Такимъ образомъ, представленіе народной воли волей парламента — есть фикція, которая не перестаетъ быть фикціей только оттого, что имѣетъ за собой почтенный возрастъ или потому, что здѣсь «юридическія представленія... глубоко срослись съ общимъ правоубѣжденіемъ, хотя и безсознательно для широкихъ слоевъ общества».
Парламентская воля есть искаженіе народной воли.
Какіе бы мы избирательные законы ни сочиняли, какіе бы мы ни придумывали коррективы вродѣ пропорціональныхъ выборовъ въ погонѣ за чистой народной волей, всѣ наши усилія — напрасны.
Благодаря чрезвычайному многообразію индивидуальныхъ воль, представляющихъ народъ, благодаря неуловимымъ иногда оттѣнкамъ, изъ которыхъ каждый имѣетъ неоспоримое право быть представленнымъ въ любой парламентской комбинаціи и въ любомъ избирательномъ законѣ, мы имѣемъ лишь жалкую пародію на то, что мы съ такой увѣренностью и гордостью называемъ волей народа.
«Въ народной жизни масса различій — пишетъ Еллинекъ въ своемъ блестящемъ этюдѣ о конституціяхъ — не сразу замѣтныхъ и не подлежащихъ измѣренію, и они, несомнѣнно, остаются безъ представительства при системѣ, построенной исключительно на количествѣ населенія... Пропорціональные выборы не въ состояніи обезпечить представительства всѣмъ справедливымъ интересамъ народа, потому что на выборахъ народъ обыкновенно дѣлится на партійныя группы, а партіи отнюдь не соотвѣтствуютъ группировкѣ народа во всей ея полнотѣ. Поэтому — заключаетъ Еллинекъ — проблема правильнаго, справедливаго избирательнаго права абсолютно неразрѣшима. «Ни одно политическое учрежденіе не основано въ такой мѣрѣ, какъ народное представительство, на фикціяхъ и на несоотвѣтствующихъ дѣйствительности идеальныхъ построеніяхъ».
«Чѣмъ далѣе увеличивается численность населенія государствъ и общинъ, — пишетъ Масарикъ, весьма далекій отъ анархистскаго міросозерцанія — чѣмъ сложнѣе становятся общественныя отношенія, чѣмъ болѣе образовано населеніе и чѣмъ болѣе развиты его потребности, тѣмъ чувствительнѣе несоотвѣтствіе между волей населенія и волей парламента...» («Философскія и соціологическія основанія марксизма»).
Даже всеобщее, равное, прямое и тайное избирательное право дастъ намъ однѣ иллюзіи народнаго представительства, становящіяся еще болѣе обманчивыми въ зависимости отъ роста процента воздерживающихся отъ выборовъ.

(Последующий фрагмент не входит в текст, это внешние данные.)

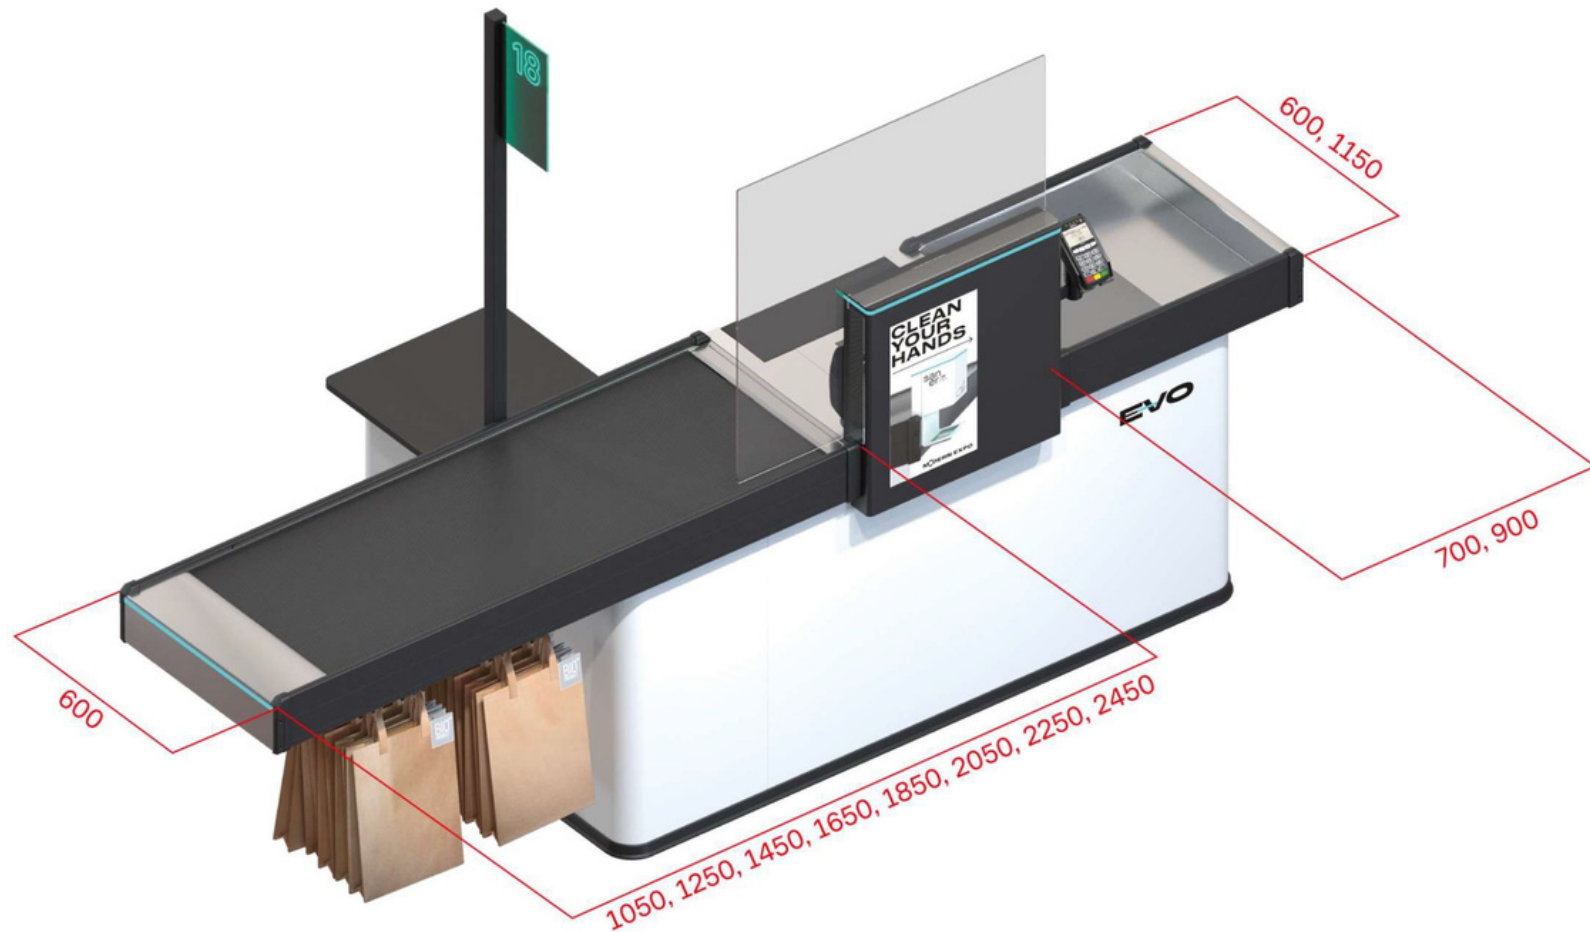

EVO TYPE L
C-OEVO(L)

EVO TYPE I
C-OEVO(I)

EVO TYPE HTW

Dimensions

CONVEYOR BELT

Length :

- 1050 mm
- 1250 mm
- 1450 mm
- 1650 mm
- 1850 mm
- 2050 mm
- 2250 mm
- 2450 mm

Width :

- 600 mm

.....

BASIN

Length :

- 700 mm
- 900 mm

Width :

- 600 mm
- 1150 mm

.....

WORK STATION

Length :

- 550 mm

LED
INDICATION

ACRYLIC
BARRIER

AUTOMATIC
SANITIZER

ROTATED
ELEMENTS

PROMO
SCREEN

Въ одной изъ своихъ рѣчей Бисмаркъ представилъ однажды палатѣ слѣдующій любопытный расчетъ: «Изъ числа имѣющихъ право выбора принимали въ немъ участіе всего 34%; большинство этихъ 34% выбрало избирателей, которые могли, такимъ образомъ, имѣть за собой 20—25% всего числа, имѣющихъ право участвовать въ выборахъ. Большинство избирателей выбирало депутатовъ, число которыхъ представляло, такимъ образомъ, 13—15% общаго числа, имѣвшихъ право участвовать въ выборахъ.

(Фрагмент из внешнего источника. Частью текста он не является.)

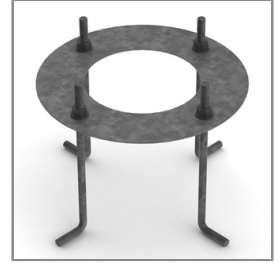

# SIROCCO

SMALL SIROCCO OPTIC – AREA LIGHT /  
BI-SYMMETRIC DOUBLE SIDED

POLE MOUNTED

LAST UPDATE: 29-05-2024

## Accessories

Ordering Code:  
STEEL-POLE-FOR-SMALL-SIROCCO  
Please contact Sales  
Representative

Ordering Code:  
AUN-ACB-0009-00  
Anchor bolt kit, pole  
diameter 114 and 114/140,  
galvanized steel pole

Ordering Code:  
AUN-ACB-0008-00  
Anchor bolt kit, pole  
diameter 102mm and  
151x102mm, galvanized  
steel pole

Ordering Code:  
AUN-ACB-0005-00  
Anchor bolt kit, aluminum  
pole

\*Due to the constancy of product development,  
we reserve the right to alter all specification  
without prior notice.
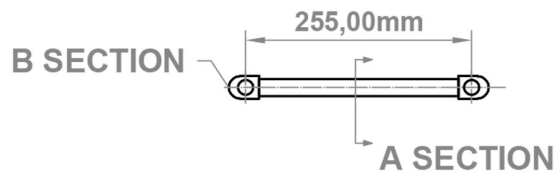

Eastbrook 
 Eastbrook Road, Gloucester GL4 3DB
 Technical Helpline : 01452 317890
 Mon - Fri / 8am - 5pm
 Email : technical@eastbrookco.com

Wingrave Straight Towel Rail 600 x 300mm.

Technical Drawing

A SECTION

A SECTION

B SECTION

Wingrave Straight Towel Rail 600 x 600mm.

Technical Drawing

A SECTION

B SECTION

Eastbrook 

Eastbrook Road, Gloucester GL4 3DB
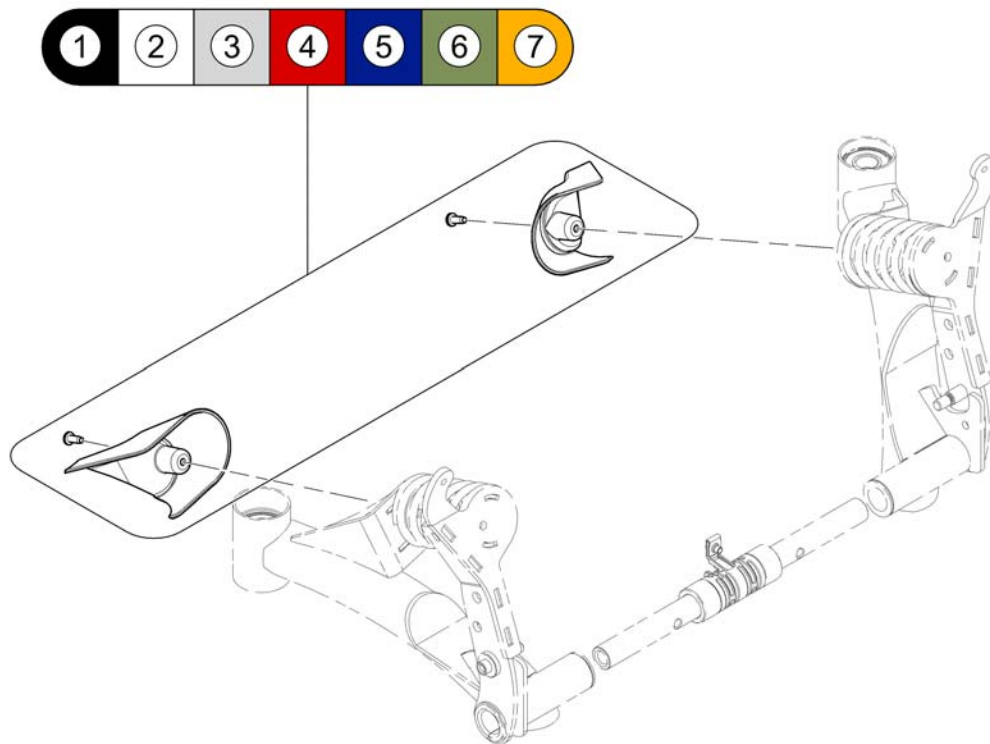

Rear Caps

1583287 Rev

Pos.	Part number	Description	Valid from → until	Qty
1	SP1179084	Kit, Coloured Rear Caps w/ Mount Wet Black		1
2	SP1179085	Kit, Coloured Rear Caps w/ Mount Artic White		1
3	SP1179086	Kit, Coloured Rear Caps w/ Mount Electric Silver		1
4	SP1179087	Kit, Coloured Rear Caps w/ Mount Electric Red		1
5	SP1179088	Kit, Coloured Rear Caps w/ Mount Electric Blue		1
6	SP1179089	Kit, Coloured Rear Caps w/ Mount Aviator Green		1
7	SP1179090	Kit, Coloured Rear Caps w/ Mount Desert Orange		1

Бранденбургъ, приводящій этотъ расчетъ въ своемъ любопытномъ этюдѣ о парламентской обструкціи, замѣчаетъ, что Бисмаркъ умолчалъ о томъ, что «благодаря трехстепеннымъ выборамъ небольшое число населенія можетъ существенно повліять на результатъ выборовъ, и что открытая подача голосовъ сильно вредитъ результату выборовъ». «Но — замѣчаетъ Бранденбургъ — и при размѣрахъ участія въ выборахъ въ 70%, депутаты едва-ли могутъ съ увѣренностью являться представителями болѣе чѣмъ 40—50% всего числа избирателей, а парламентское большинство, если оно не подавляюще велико, будетъ выразителемъ мнѣнія только 25—35% всѣхъ, имѣющихъ право выбора. Если, напримѣръ, — заключаетъ онъ — въ нынѣшнемъ рейхстаге консерваторы, ультрамонтаны и протестанты вмѣстѣ будутъ имѣть большинство 219 голосовъ изъ 397, то все же они представятъ собой только 32 1/2% всего числа избирателей».

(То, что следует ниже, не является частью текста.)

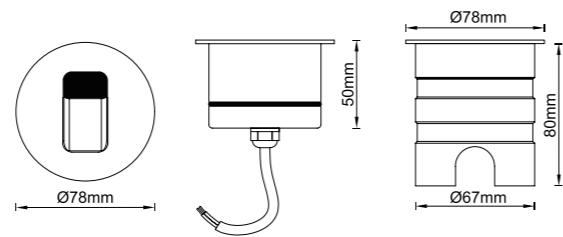

Dimension .....

Light Distribution Curve (3000K, 60°x30°) .....

Такимъ образомъ, никакое парламентское большинство не можетъ представлять народа, не можетъ выражать его воли.
Казалось-бы, воля народа все-же могла получить извѣстное выраженіе, если-бы немногіе и случайные представители его были снабжены императивными мандатами и, такимъ-образомъ, не могли уклониться отъ подлинныхъ желаній народа или вѣрнѣе его отдѣльныхъ господствующихъ группъ.
Но теорія уже довольно показала, что парламентаризмъ и императивные мандаты — несовмѣстимы, и современныя законодательства ихъ не знаютъ. Представители, законодательствуя, осуществляютъ свою волю, выдавая ее за волю народа.
Эта идея, безспорная и ясная, идея подкрѣпляемая математическими доказательствами, становится еще болѣе яркой, еще болѣе убѣдительной, если мы будемъ оперировать не туманнымъ понятіемъ «народа» съ его несуществующей единой и цѣльной «народной волей» и его фиктивными «общенародными интересами», а конкретно существующимъ классовымъ обществомъ.
На мѣстѣ единаго и недѣлимаго народа, мы видимъ борющіяся группы, сталкивающіеся интересы, которые безпощадно расправляются другъ съ другомъ и только въ цѣляхъ самозащиты или въ состояніи крайней необходимости вступаютъ въ компромиссы и заключаютъ соглашенія.
Эти интересы встрѣчаются не въ открытомъ полѣ, а въ парламентѣ; въ современномъ государствѣ оружіемъ является избирательный бюллетень, парламентъ — мѣстомъ, гдѣ учитываются побѣды и пораженія и заключаются договоры борющихся сторонъ. И до тѣхъ поръ, пока мы будемъ жить въ классовомъ государствѣ, парламентъ будетъ вѣрнымъ отраженіемъ воли сильнѣйшаго класса, которая, конечно, не желаетъ, да и не можетъ быть «народной волей».
Являя собой не болѣе, какъ «бумажное представительство штыка, полицейской дубинки и пули», парламентское большинство «дѣлаетъ излишнимъ кровопролитіе», но не въ меньшей степени является рѣшеніемъ силы, чѣмъ декретъ самаго абсолютнаго деспота, опирающагося на самую могущественную изъ армій.